Step 1: Understanding the Divisor Count

For a number to have exactly 9 divisors, the prime factorization pattern should allow it to have exactly 9 factors. The number of divisors of a number $n$ with prime factorization $n = p_1^{e_1} \cdot p_2^{e_2} \cdot \ldots \cdot p_k^{e_k}$ is given by: $D(n) = (e_1 + 1)(e_2 + 1) \cdots (e_k + 1)$

To achieve exactly 9 divisors, the possible forms of $n$ are:

1. $n = p^8$, which gives $D(n) = 9$ (since $8 + 1 = 9$)
2. $n = p^2 \cdot q^2$, which also gives $D(n) = (2 + 1)(2 + 1) = 9$, where $p$ and $q$ are distinct primes.

Step 2: Applying the Forms to the 4-Digit Constraint

Now we need to check which numbers from our two possible forms result in 4-digit values:

1. For $n = p^8$:

   • We need $p^8$ to be a 4-digit number.
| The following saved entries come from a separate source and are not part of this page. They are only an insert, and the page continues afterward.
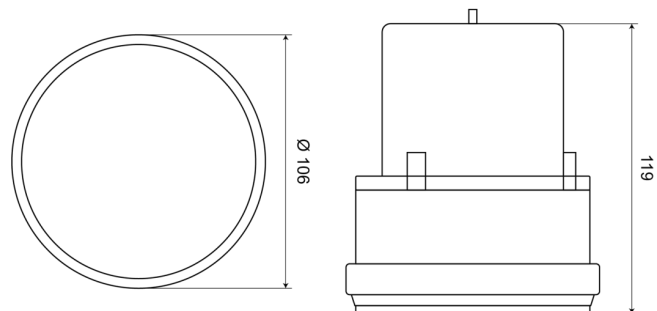

# BALIZAS GIRATORIAS

PSLM2-C

Baliza | LED | blanco | magnético | a batería

EAN: 5414184001541

## Especificaciones

A solicitar por	1	Montaje	Magnético
Altura mm	120 mm	Número de LEDs	24
Batería	Sí	Número de patrones de destello	1
Color	Blanco	Peso (kg)	0,350 Kg
Destellos/minuto	60 triple	Rango de altura	111 - 130 mm
Diámetro mm	106 mm	Sincronizable	No
ECE R65	No	Tiempo de funcionamiento	200 horas
Embalaje	Caja blanca con etiqueta	Tipo de batería	2 pilas "D" LR20 (no incluidas)
Fuente de luz	LED	Voltaje de funcionamiento	Batería
Impermeable	Sí		
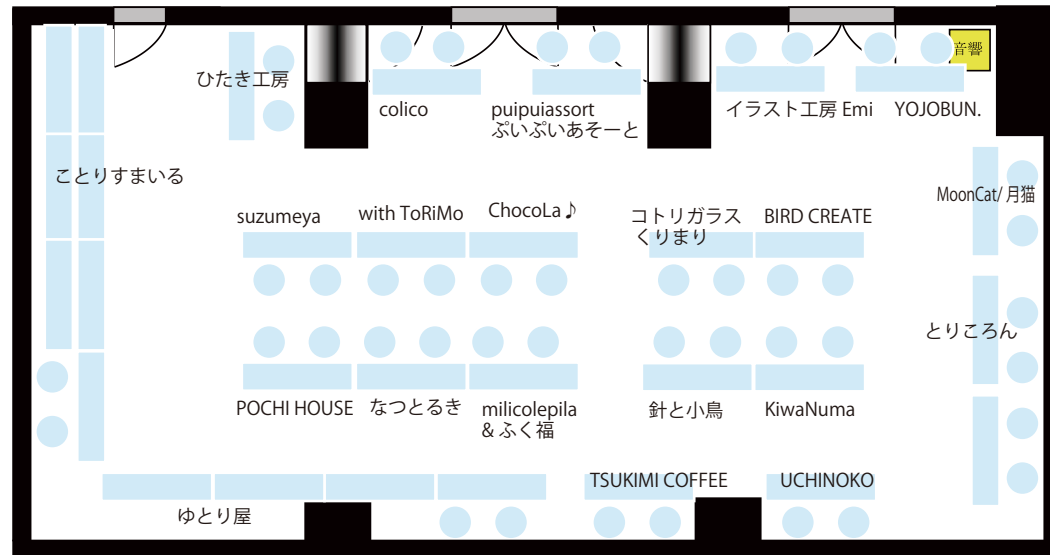

鳥フェス大阪 11/2 (土)・3 (日) 会場 MAP

第一会場

受付
(当日券販売)

第二会場

鳥フェス大阪 11/4 (月振休) 会場 MAP

第一会場

受付
(当日券販売)

第二会場
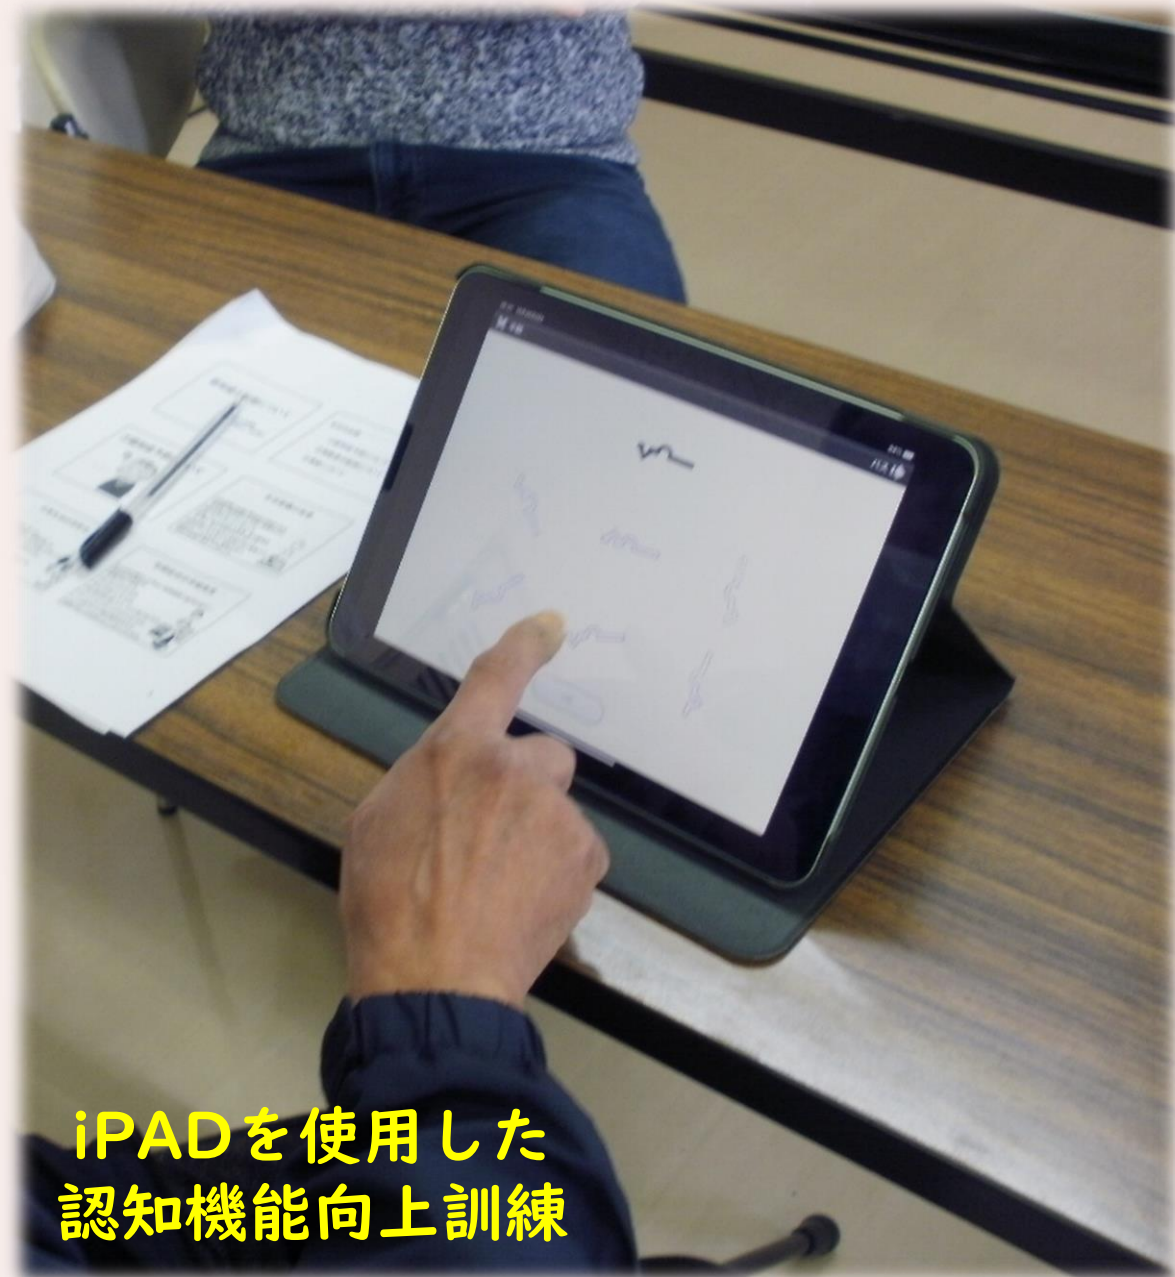

さくらかふえ

in リブラ
12月26日 (日)

個人に合わせての指導

iPADを使用した
認知機能向上訓練

iPADを使った知能テストや
体力テストを行いました。
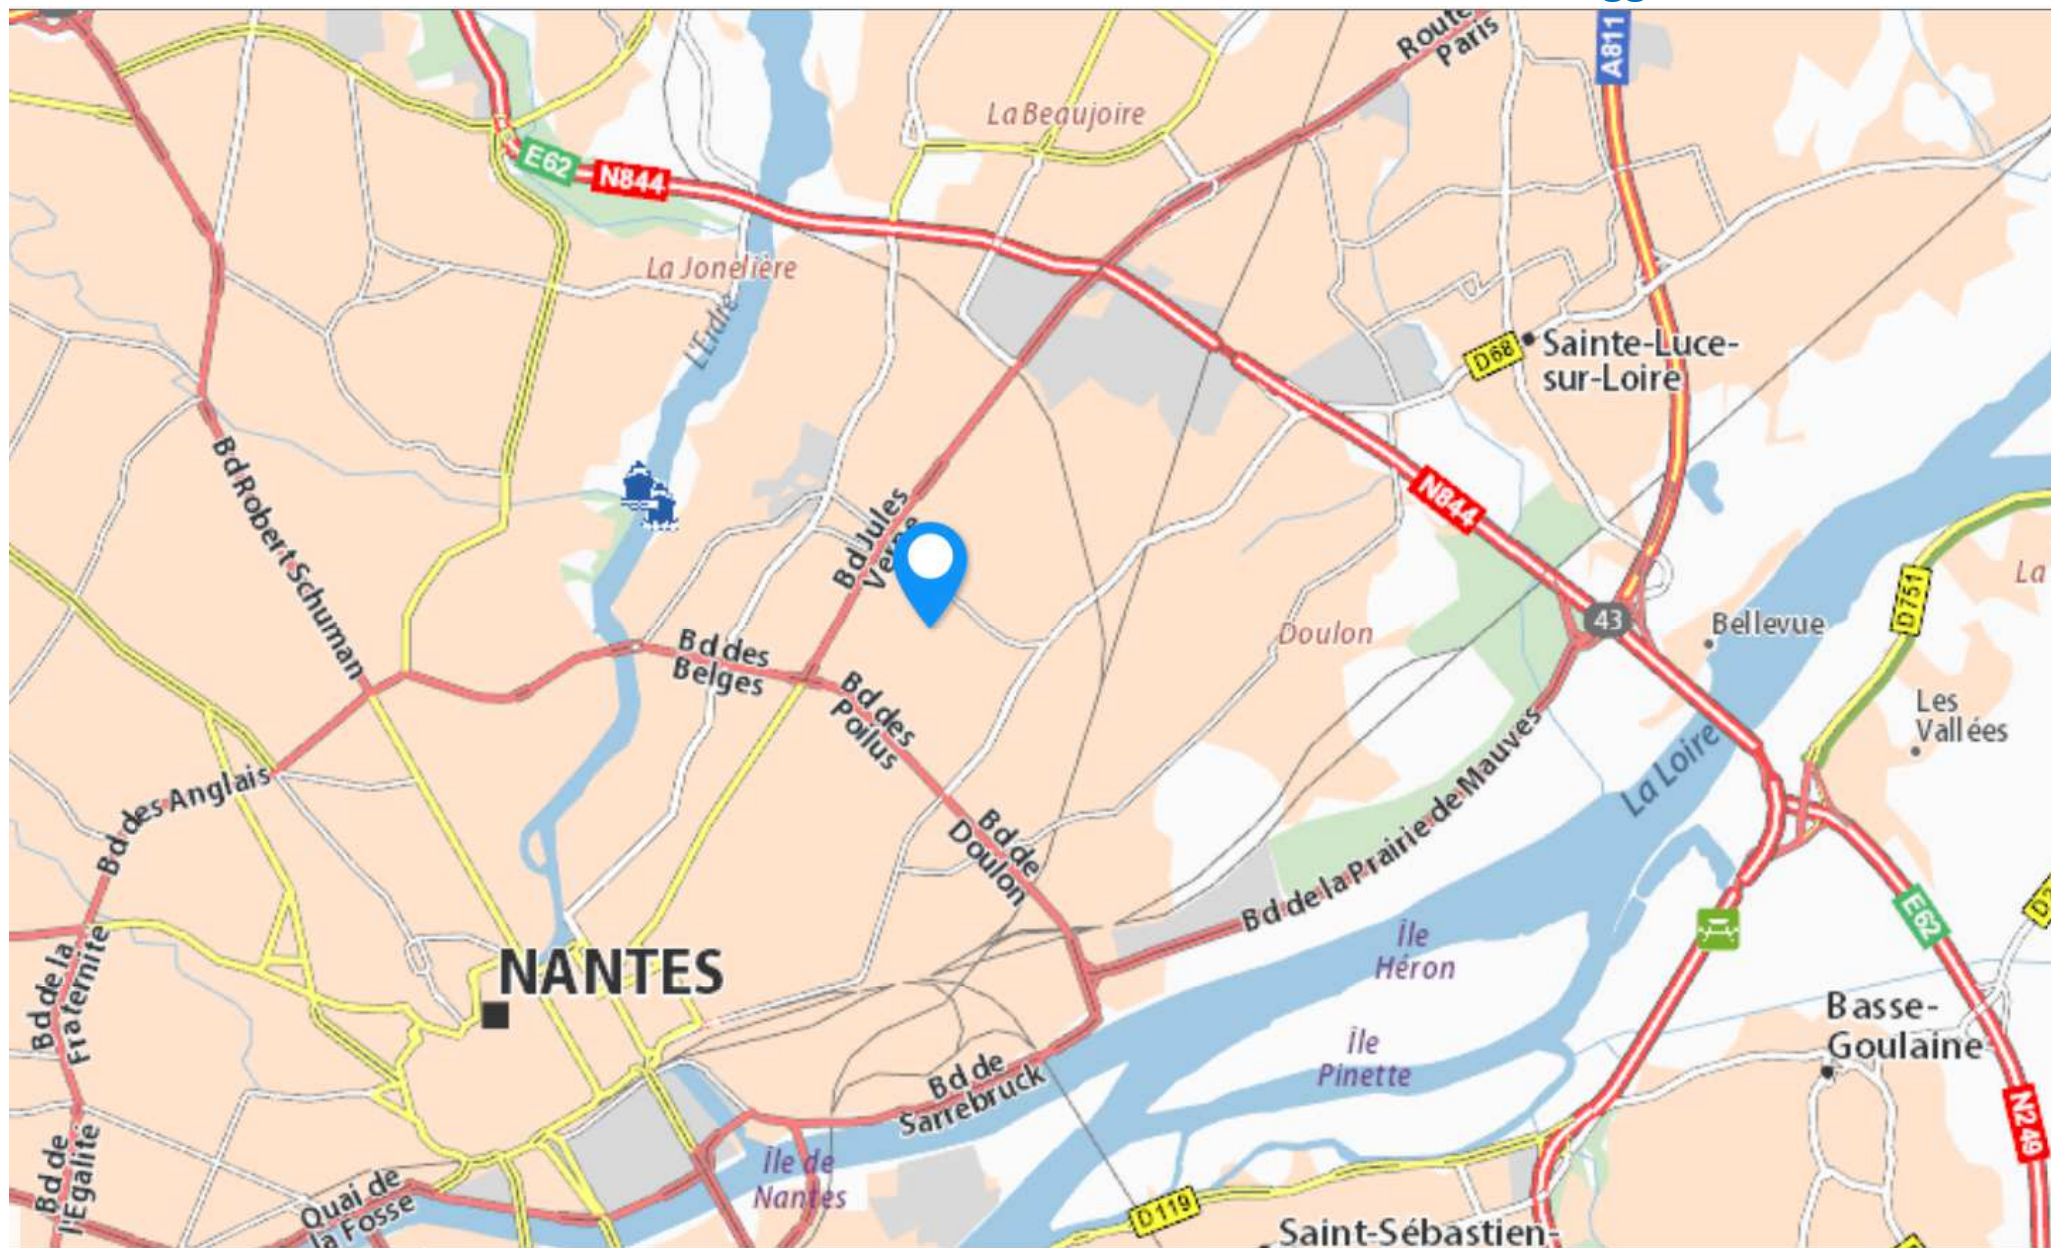

Accès à la Halle de Tennis de la Marrière : 87 rue de la Marrière à Nantes

Grand angle
/ agglomération nantaise

Grand angle / quartier Doulon – Bottière (Nantes)

Plan centré / quartier Marrière

Inscriptions :

Pas d'inscription par correspondance. Se présenter aux permanences :

Samedi 07 ou 14 avril 2018 – de 14H à 18H → Halle de Tennis de la Marrière, 87 rue de la Marrière, 44000 NANTES

Justificatifs à fournir :

Testing small prime values:
     • $2^8 = 256$ (not 4 digits)
     • $3^8 = 6561$ (4 digits)
     • $5^8 = 390625$ (too large)
   • Only $3^8 = 6561$ is a 4-digit number that satisfies this form.

2. For $n = p^2 \cdot q^2$:

   • We need $p^2 \cdot q^2$ to be a 4-digit number.
   • Testing combinations:
     • $2^2 \cdot 3^2 = 4 \cdot 9 = 36$ (too small)
     • $2^2 \cdot 5^2 = 4 \cdot 25 = 100$ (too small)
     • $2^2 \cdot 7^2 = 4 \cdot 49 = 196$ (too small)
     • $3^2 \cdot 5^2 = 9 \cdot 25 = 225$ (too small)
     • $3^2 \cdot 7^2 = 9 \cdot 49 = 441$ (too small)
     • $5^2 \cdot 7^2 = 25 \cdot 49 = 1225$ (4 digits)
     • $3^2 \cdot 11^2 = 9 \cdot 121 = 1089$ (4 digits)
     • $2^2 \cdot 17^2 = 4 \cdot 289 = 1156$ (4 digits)
     • $2^2 \cdot 13^2 = 4 \cdot 169 = 676$ (too small)
     • $5^2 \cdot 11^2 = 25 \cdot 121 = 3025$ (4 digits)
     • $7^2 \cdot 11^2 = 49 \cdot 121 = 5929$ (4 digits)
     • $3^2 \cdot 17^2 = 9 \cdot 289 = 2601$ (4 digits)
   • Valid numbers: $1225, 1089, 1156, 3025, 5929, 2601$

Step 3: Counting the Numbers

Adding both sets of numbers:

• From $p^8$: $6561$
• From $p^2 \cdot q^2$: $1225, 1089, 1156, 3025, 5929, 2601$

Thus, there are 7 four-digit numbers that have exactly 9 divisors: $6561, 1225, 1089, 1156, 3025, 5929,$ and $2601$.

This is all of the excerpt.